INCONSISTENT PROVISIONS

     The shares of Restricted Stock granted hereby are subject to the terms, conditions,
restrictions and other provisions of the Plan as fully as if all such provisions were set forth in
their entirety in this Agreement. If any provision of this Agreement conflicts with a provision of
the Plan, the Plan provision shall control. The Award Recipient acknowledges that a copy of the
Plan was distributed or made available to the Award Recipient and that the Award Recipient was
advised to review such Plan prior to entering into this Agreement.

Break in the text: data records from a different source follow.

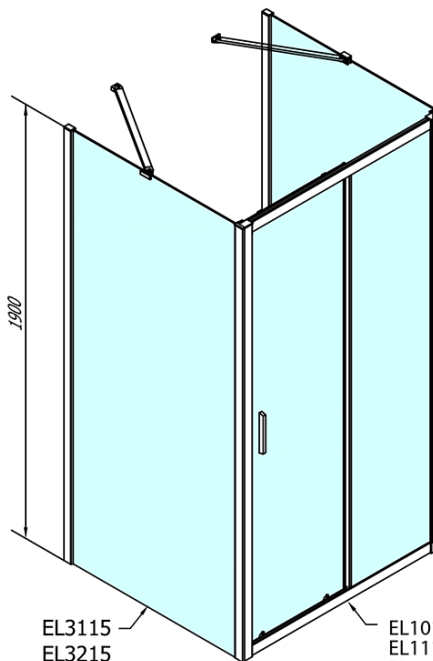

EASY třístěnný sprchový kout 1400x800mm, L/P varianta, čiré sklo

Objednací kód: EL1415EL3215EL3215

Základní informace

Značka: Polysan
Série: EASY

Rozměry

Šířka: 1400 mm
Výška: 1900 mm
Hloubka: 800 mm

Parametry

Barva profilu: Chrom - Leštěný hliník
Tvar: Třístěnné
Typ otevírání: Posuvné
Směr otevírání: Univerzální
Šířka vstupu: 580 mm
Typ výplně: Čiré sklo
Tloušťka skla: 6 mm
Vlastnosti: Rámové provedení
Hmotnost / ks: 93.0 kg
Balení: 5 ks
Záruka: 2 roky

**EASY třístěnný sprchový kout 1400x800mm, L/P
varianta, čiré sklo**

Technický list

EL1015L
EL1115L
EL1215L
EL1315L
EL1415L
EL1515L
EL1815L

EL3115
EL3215
EL3315
EL3415

EL3115
EL3215
EL3315
EL3415

EL1015R
EL1115R
EL1215R
EL1315R
EL1415R
EL1515R
EL1815R

	B
EL3115	680-700
EL3215	780-800
EL3315	880-900
EL3415	980-1000

	A	C	D
EL1015	990-1030	470	400
EL1115	1090-1130	500	430
EL1215	1190-1230	530	480
EL1315	1290-1330	590	530
EL1415	1390-1430	640	580
EL1515	1490-1530	690	630
EL1815	1590-1630	740	680

The Award Recipient waives the
right to claim that the provisions of the Plan are not binding upon the Award Recipient and the
Award Recipient’s heirs, executors, administrators, legal representatives and successors.

9.

GOVERNING LAW

     This Agreement shall be governed by and construed in accordance with the laws of the State of
Texas.

10.

SEVERABILITY

     If any term or provision of this Agreement, or the application thereof to any person or
circumstance, shall at any time or to any extent be invalid, illegal or unenforceable in any
respect as written, the Award Recipient and

     Horizon intend for any court construing this Agreement to modify or limit such provision so as
to render it valid and enforceable to the fullest extent allowed by law. Any such provision that
is not susceptible of such reformation shall be ignored so as to not affect any other term or
provision hereof, and the remainder of this Agreement, or the application of such term or provision
to persons or circumstances other than those as to which it is held invalid, illegal or
unenforceable, shall not be affected thereby and each term and provision of this Agreement shall be
valid and enforced to the fullest extent permitted by law.

11.

ENTIRE AGREEMENT; MODIFICATION

     The Plan and this Agreement contain the entire agreement between the parties with respect to
the subject matter contained herein and may not be modified, except as provided in the Plan, as it
may be amended from time to time in the manner provided therein, or in this Agreement, as it may be
amended from time to time by a written document signed by each of the parties hereto. Any oral or
written agreements, representations, warranties, written inducements, or other communications with
respect to the subject matter contained herein made prior to the execution of the Agreement shall
be void and ineffective for all purposes.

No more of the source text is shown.